Germany MII / DIZ secondary use enablement

KDS-Native Research Infrastructure

Pontegra helps Data Integration Centers (DIZ) and research organizations implement scalable secondary-use pipelines aligned with Germany’s Medical Informatics Initiative (MII).

We support ingestion and harmonisation to the MII Core Dataset (Kerndatensatz, KDS) in HL7 FHIR®, and enable reproducible cohort and dataset generation for research workflows.

We have a specialized stack for this:

  • Ignifyr: High-fidelity mapping and ingestion from local EHRs to KDS-compliant HL7 FHIR®.
  • Repofyr: A secure, FHIR-native repository optimized for research access and local governance. Or, we integrate your existing FHIR server.
  • Studyfyr: A high-performance analytics engine for cohort discovery and the generation of analysis-ready feature tables.

Bridging the Gap Between Care and Science

Secondary use in Germany is unique due to its decentralized governance and strict adherence to the FDPG (Forschungsdatenportal Gesundheit).
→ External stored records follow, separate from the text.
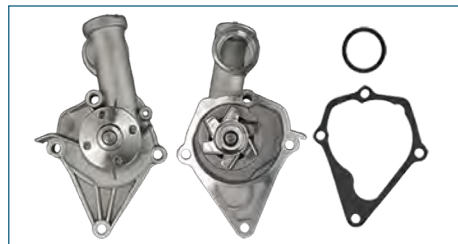

BOMBA AGUA
2510002577

BOMBA AGUA ATOS (2005-2011) 1.1

BOMBA AGUA
2510032033

BOMBA AGUA H100 (2007-2012) 2.4 / (CON JUNTA)

BOMBA AGUA
2510042541

BOMBA AGUA H100 (2007-2012) 2.5 DIESEL / (CON JUNTA)

BOMBA AGUA
2510021000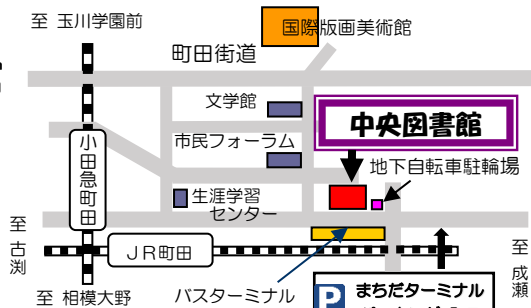

おはなし会（4歳くらい～小学生向け）

11月 6日（土）11：00～

小さい子（3歳くらい～）向け おはなし会

11月21日（日）11：00～

おひざでだっこのおはなし会

（0歳～2歳と保護者）

11月26日（金） ①10：30～ ②11：30～

※事前予約制で各3組まで。

開催の2週間前から受けつけます。

おひざでだっこのおはなし会は1週間前からの受けつけです。

電話または直接児童カウンターまでお申し込みください。

※当日中止する場合があります。

町田市立中央図書館

〒194-0013
町田市原町田3丁目2番9号
電話 042-728-8220

中央図書館

11月 行事案内

整理券は当日10：00からは5階視聴覚カウンター前にて、
13：00からは6階ホール前にて配布しています。

展示会

10月26日（火）～11月 7日（日）「小さなしあわせ」〈絵〉

11月 9日（火）～11月21日（日）「集う布達Ⅱポジャギ作品」〈布手芸〉

11月23日（火）～12月 5日（日）「スケッチ・ルーム展」〈絵・立体〉

3日（文化の日）と23日（勤労感謝の日）は開館します！

開館時間は10：00～17：00です。ご利用ください。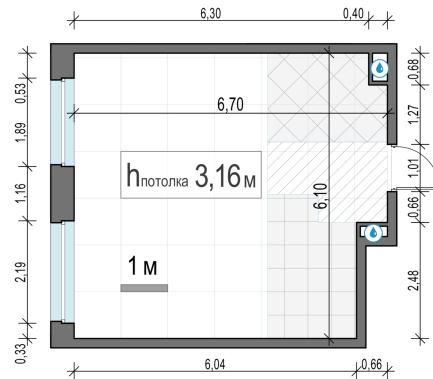

Планировка

С мебелью

1-комн. квартира №122, 38.1м²

Корпус 12.1, Секция 1, Этаж 17 из 17

8 540 000₽

224 147₽/м²

● м. «Медведково»

Отделка

Без отделки

Ввод

III квартал 2026

На этаже

На генплане

Квартира
на сайте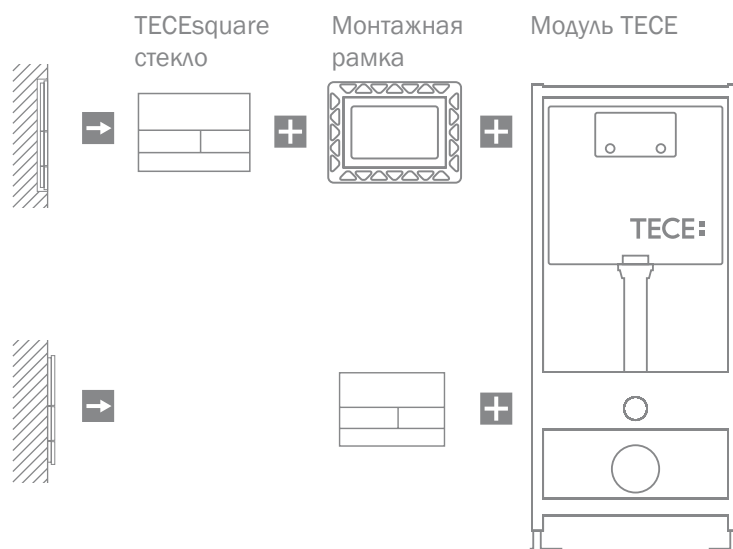

TECEsquare - стеклянные панели смыва для унитазов

Для фронтальной или горизонтальной установки

Размер 220 x 150 x 11 мм

1 Белая, клавиши белые	9.240.800	6 Зеленая, клавиши хром глянцевый	9.240.805
2 Белая, клавиши нержавеющая сталь*	9.240.801	7 Черная, клавиши нержавеющая сталь*	9.240.806
3 Белая, клавиши хром глянцевый	9.240.802	8 Черная, клавиши хром глянцевый	9.240.807
4 Зеленая, клавиши белые	9.240.803	9 Черная, клавиши позолоченные	9.240.808
5 Зеленая, клавиши нержавеющая сталь*	9.240.804	10 Черная, клавиши черные	9.240.809

* с покрытием против отпечатков пальцев

Монтаж панели на одном уровне с поверхностью стены.

Необходима монтажная рамка, которая приобретается отдельно (арт. 9.240.646 - 9.240.649).

Монтаж панели на поверхности стены.

Our solution provides:

Audit-Ready KDS Compliance: Automated validation against published MII Implementation Guides and site-specific profiles.

Accelerated FDPG Fulfillment: Standardized processes to fulfill data requests from the national research portal with speed and precision.

Reproducible Research Pipelines: Shift from one-off SQL scripts to version-controlled, repeatable cohort definitions and sampling logic.

Analytics at Scale: Use Pontegra Secure Research Platform’s “SQL-on-FHIR” patterns to turn complex clinical resources into structured datasets for AI/ML and RWE.

EHDS Readiness: Future-proof your infrastructure with secure processing patterns that align with the emerging European Health Data Space framework.

Who is it for?

DIZ teams at university hospitals

Research IT / TRE teams running secure analysis environments

Consortia / projects requesting data across multiple sites

Life science / academic teams working with MII-aligned data access processes

Why MII is different?

MII standardizes clinical content through a core dataset (KDS) and agreed to represent it in HL7 FHIR, supported by published implementation guides/profiles.

Operationally, data is held decentrally at sites, with local governance (e.g., Use & Access Committees), and requests are routed through the national research portal FDPG. This means DIZ teams need:

KDS-aligned data modelling and validation

consistent terminology handling across sites

repeatable cohort/dataset pipelines

secure processing patterns and controlled outputs

What Pontegra enables for MII / DIZ

KDS-aligned data modelling and ingestion

  • Map source systems to KDS/FHIR modules and publish a clear transformation specification
  • Validate generated resources against published KDS implementation guides/profiles and site-specific constraints where needed
  • Establish incremental refresh patterns for routine-care updates

FHIR clinical repository & APIs for research use

Deploy a FHIR-native clinical repository/API layer (e.g., Repofyr) to support:

  • controlled access for internal research pipelines
  • consistent capability and search behaviour across datasets
  • scalable downstream analytics and extraction

Cohort → sampling → feature datasets

Studyfyr turns KDS-aligned FHIR into reproducible research datasets:

  • cohort definitions (entry/exit/eligibility logic)
  • sampling (periodic or event-aligned timepoints)
  • feature datasets and analysis-ready tables (SQL-on-FHIR-style extraction)

Data quality and feasibility at scale

MII teams often need quick feasibility insights and data quality checks across FHIR servers.

MII also maintains tooling focused on extracting metadata and identifying missing/incorrect values, underscoring how important this is operationally.

We help implement scalable profiling and checks as part of the pipeline (counts, completeness, code usage patterns, outliers).

FDPG-aware delivery (workflow alignment)

FDPG is the central portal for researchers seeking to access data and biosamples from MII sites.

We align deliverables to what DIZ teams need for request fulfilment: consistent KDS datasets, cohort counts, and curated extracts (while respecting local governance and security boundaries).

Use-case specific pipelines

The FDPG/MII ecosystem exposes data based on KDS modules; for example, public communication highlights modules such as Person, Diagnosis, Procedure, Laboratory, Medication, Consent, and Biosamples being queryable via FDPG.

We build pipelines around the modules relevant to your use-case and current site maturity.

How this connects to EHDS?

EHDS is an EU-wide framework for secondary use; MII is a German national ecosystem for research data access and interoperability.

In practice, DIZ teams benefit from the same core operational capabilities: secure processing patterns, auditable pipelines, and controlled outputs, implemented in a way that respects Germany’s decentral governance and processes.